Atentos hemos de estar, vigilantes ante movimientos que sólo piden más de lo mismo, la perpetuación del Estado y la dictadura democrático- parlamentaria. No todo vale, no todo lo aparentemente contestatario hay que aplaudirlo, el  “Rodea el  Congreso” del 25-S  sin ir más lejos, habla de “nuevo proceso constituyente”, de la convocatoria de nuevas elecciones. La presencia de personajes de la catadura de García Trevijano, autor del libro “Libertad Constituyente “tras el cotarro, ya dice bastante. En el bicentenario de la infausta Constitución de Cádiz, que significo el absoluto triunfo del Estado sobre el Pueblo ejecutado a sangre y fuego.

Algunos pretenden que nuestra derrota sea per sécula, y modernizar, actualizar las constituciones para mejor continuar  la total dominación.

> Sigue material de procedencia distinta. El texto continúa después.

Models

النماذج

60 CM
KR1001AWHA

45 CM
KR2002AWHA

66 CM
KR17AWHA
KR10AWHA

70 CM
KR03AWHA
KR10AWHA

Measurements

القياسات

Cual ave fénix, el poder se renueva y renace de sus cenizas para cuando acaba un ciclo, con otra careta, empezar otro. Sólo cambia la apariencia, y las apariencias engañan. Los mismos perros con distintos collares.

Lo que es urgente e imprescindible es la constitución de una comunidad humana en lucha frente a sus opresores, con conciencia de si misma y del común enemigo, cuyos miembros seamos plenamente conscientes de nuestra pertenencia a ella, y cuyo ideario, cuyos signos identitarios sean valores propios y comunes enfrentados a los del enemigo: Solidaridad, Apoyo Mutuo, Horizontalidad, Asamblearismo, Comunitarismo, Interdependencia, Autogestión, Antiparlamentarismo, Equidad, Libertad…pues esta comunidad en lucha real, con aspiraciones reales, con el sueño de un futuro común y mejor nunca podrá generarse a partir de, haciendo bandera de reivindicaciones económicas, desde dentro del mundo de las matemáticas y el dinero, del pordioseo al Estado. Ha de transcenderlo necesariamente.

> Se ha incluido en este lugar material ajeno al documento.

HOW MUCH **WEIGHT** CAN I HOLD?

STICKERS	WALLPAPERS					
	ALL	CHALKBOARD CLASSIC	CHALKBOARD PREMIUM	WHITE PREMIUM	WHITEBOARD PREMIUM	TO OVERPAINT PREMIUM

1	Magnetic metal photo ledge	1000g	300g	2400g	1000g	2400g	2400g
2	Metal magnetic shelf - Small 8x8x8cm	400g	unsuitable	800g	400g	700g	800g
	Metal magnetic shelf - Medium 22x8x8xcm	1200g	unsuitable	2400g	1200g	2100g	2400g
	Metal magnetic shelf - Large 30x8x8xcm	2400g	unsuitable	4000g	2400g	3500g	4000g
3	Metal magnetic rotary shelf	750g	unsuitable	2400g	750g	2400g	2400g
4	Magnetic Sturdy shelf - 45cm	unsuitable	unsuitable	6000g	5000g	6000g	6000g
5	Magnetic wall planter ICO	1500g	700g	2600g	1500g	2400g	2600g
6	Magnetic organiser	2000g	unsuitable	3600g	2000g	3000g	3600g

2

Imprescindible es, de igual manera, la denuncia de las ridículas e insultantes piruetas y el dañino papel desempeñado por los grandes sindicatos amarillos, vendidos literalmente al poder por unos miles de sueldos, favores y prebendas. Más culpables de la actual situación de integral desprotección de la clase trabajadora que la patronal, más enemigos del obrero que su jefe. Su última colosal payasada en el cotidiano espectáculo circense que protagonizan estos mamporreros apagafuegos, es la exigencia de la celebración de un referéndum en el que la ciudadanía apruebe o repruebe las medidas de recorte de gastos del Gobierno no anunciadas en la última campaña electoral. Debe de ser su contribución a la “profundización democrática”. Salta a la vista el impresionante clamor popular en aras de tan deseado e imprescindible plebiscito tras el cual  la vida tendría otro color. Lanzar balones fuera se llama a esto. La denuncia de y el enfrentamiento con estas tóxicas organizaciones paraestatales de sindicalistos, cuyo descrédito llevan lustros ganándose ellos solitos a pulso, no ha de tener tregua.

Somos y seremos maltratadas por los de arriba, inexorablemente, hasta el día en que no tengamos a nadie por encima. Este debería ser nuestro sueño, nuestro ideario, el ser libres, capaces de organizar la vida social entre todas, y aquí y ahora. Enfrentarnos a los parásitos opresores, y en simbiosis con nuestras semejantes, con las que también quieran ser libres, entre nosotras, ayudar y que nos ayuden, defender y que nos defiendan.

El Estado del Bienestar, el bienestar del Estado  es el bienestar del ganado, y el ganado es conducido, apacentado y estabulado según conviene al ganadero, primando la rentabilidad de la explotación. Nuestra más elevada aspiración, es dejar de ser ganado humano, es decir, ser mujeres y hombres libres, dueños y actores de nuestro presente y nuestro futuro común.